(Beginning of Data for analysis)
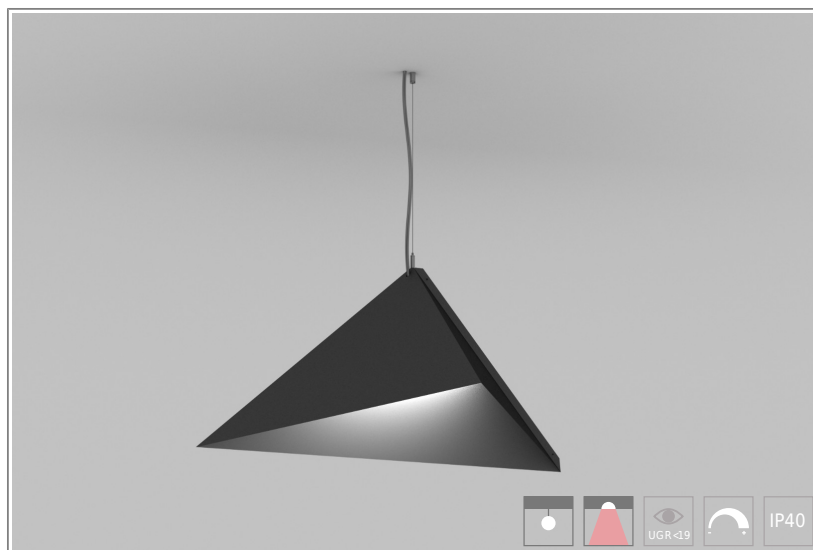

Декоративный светильник в стиле LOFT  
 Шелковистая матовая поверхность в сочетании с микропризматической оптикой делают светильник не только декоративным, но и обеспечивающим великолепный нисходящий свет  
 Уникальный дизайн, в котором простота и надежность дополняют друг друга наилучшим образом  
 Комфортный свет, мощное и красивое свечение достигается благодаря использованию микропризматической оптики  
 Дизайн и функциональность сбалансированы самым замечательным образом

**КОРПУС:** оцинкованная сталь

**ПОКРЫТИЕ:** порошковая краска белый, серый, черный цвет. Возможна покраска по цвету RAL

**КРЕПЛЕНИЕ:** тросовые, регулируемые

**ОПТИКА:** MicroPrism

**ИСТОЧНИК СВЕТА:**

- LED - срок службы > 50 000 часов
- высокая степень однородности цветовой температуры, MacAdam: 3 step
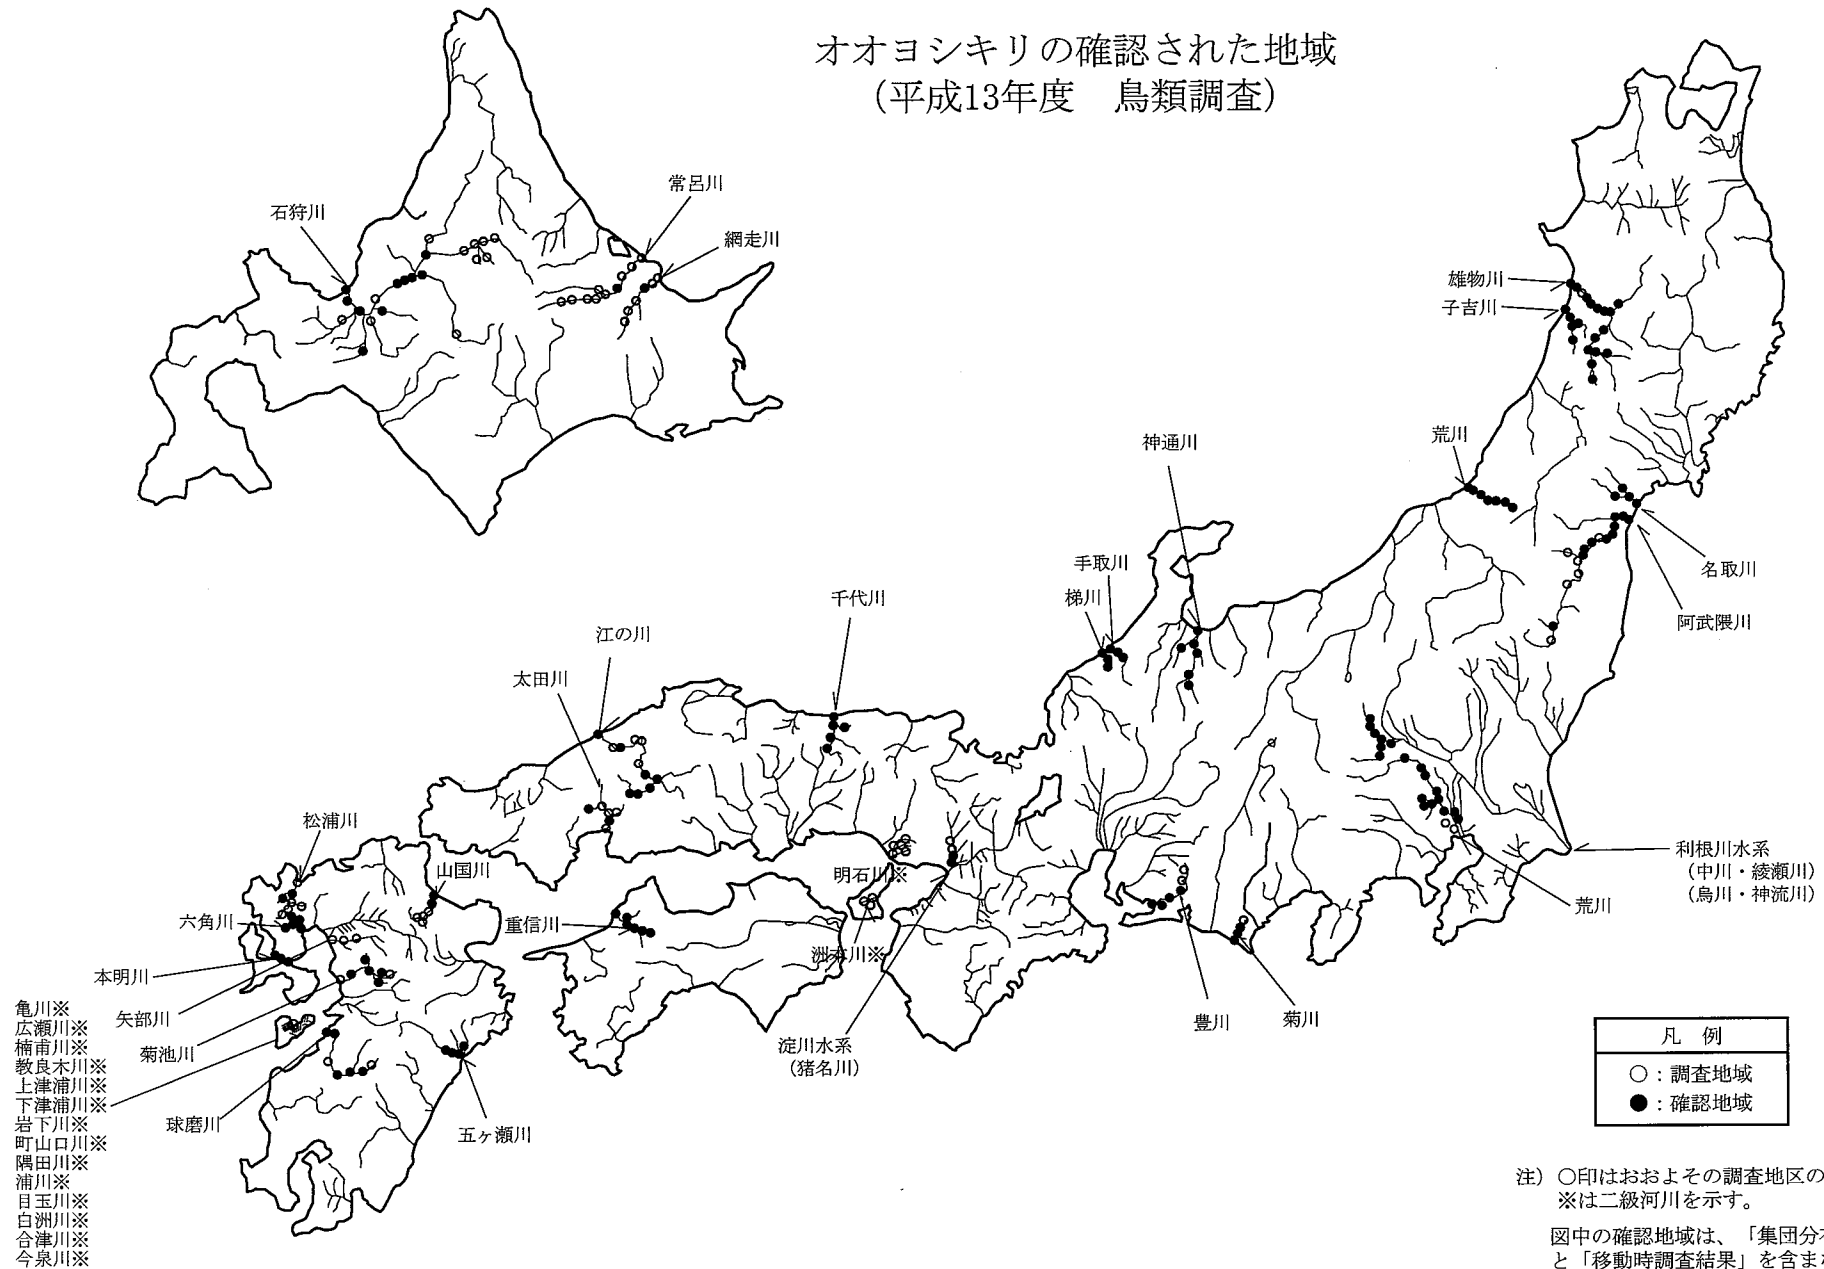

オオヨシキリの確認された地域 (平成13年度 鳥類調査)
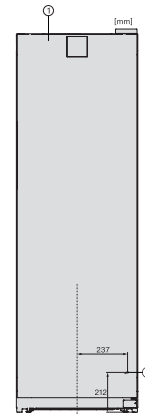

KWT 4584 E
Stand-Weinlagerschrank
mit einer Temperaturzone, ActiveHumidity und Türschloss.

KWT4584E sw, Rioja, Aufstellskizze (*Fußnote) (Skizze)

*Maß mit Wandabstandhaltern

KWT4584E sw, Rioja, Draufsicht (Skizze)

KWT4584E sw, Rioja, Installation (*Fußnote) (Skizze)

*1) Ansicht von vorne, 2) Netzanschlussleitung, L = 2200 mm
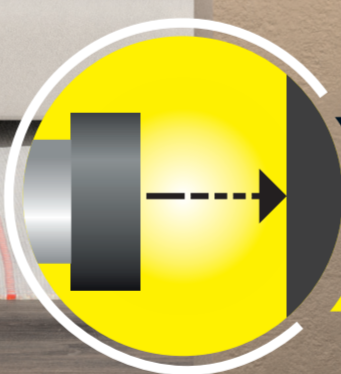

INCLUS
KIT DE
2 AMORTISSEURS
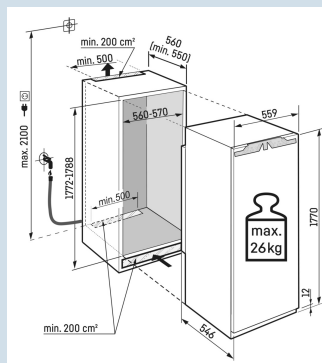

Ruimte voor hoge karaffen of verpakkingen.

Deel- en onderschuifbaar glasplateau

Overzichtelijk in te delen BioFresh lade.

FlexSystem

Nismaat	178 cm
Deurmontage systeem	deur-op-deursysteem
Volume totaal	296 l
Volume koelgedeelte	296 l
Energieklasse	
Energieverbruik per jaar	100 kWh
Energieverbruik per 24 uur	0,3
Energiekosten per jaar	€ 30,-
Energie efficiëntie index	64
Geluidsniveau	32 dB(A)
Geluidsniveau klasse	B
Klimaatklasse	SN-T
Koelmiddel	R600a

Afmetingen

Hoogte	177 cm
Breedte	55,9 cm
Diepte	54,6 cm
Inbouwhoogte	177,2-178,8 cm
Inbouwbreedte	56-57 cm
Inbouwdiepte minimaal	55,0 cm
Max. Meubelgewicht koeldeel	26 kg
Netto gewicht / Bruto gewicht	72,7 kg / 76,7 kg
Hoogte verpakking	1829 mm
Breedte verpakking	572 mm
Diepte verpakking	622 mm
(End of Data for analysis)
Lines that contain "Skizze" are the result; find them in the entries above and copy each one.

KWT4584E sw, Rioja, Aufstellskizze (*Fußnote) (Skizze)
KWT4584E sw, Rioja, Draufsicht (Skizze)
KWT4584E sw, Rioja, Installation (*Fußnote) (Skizze)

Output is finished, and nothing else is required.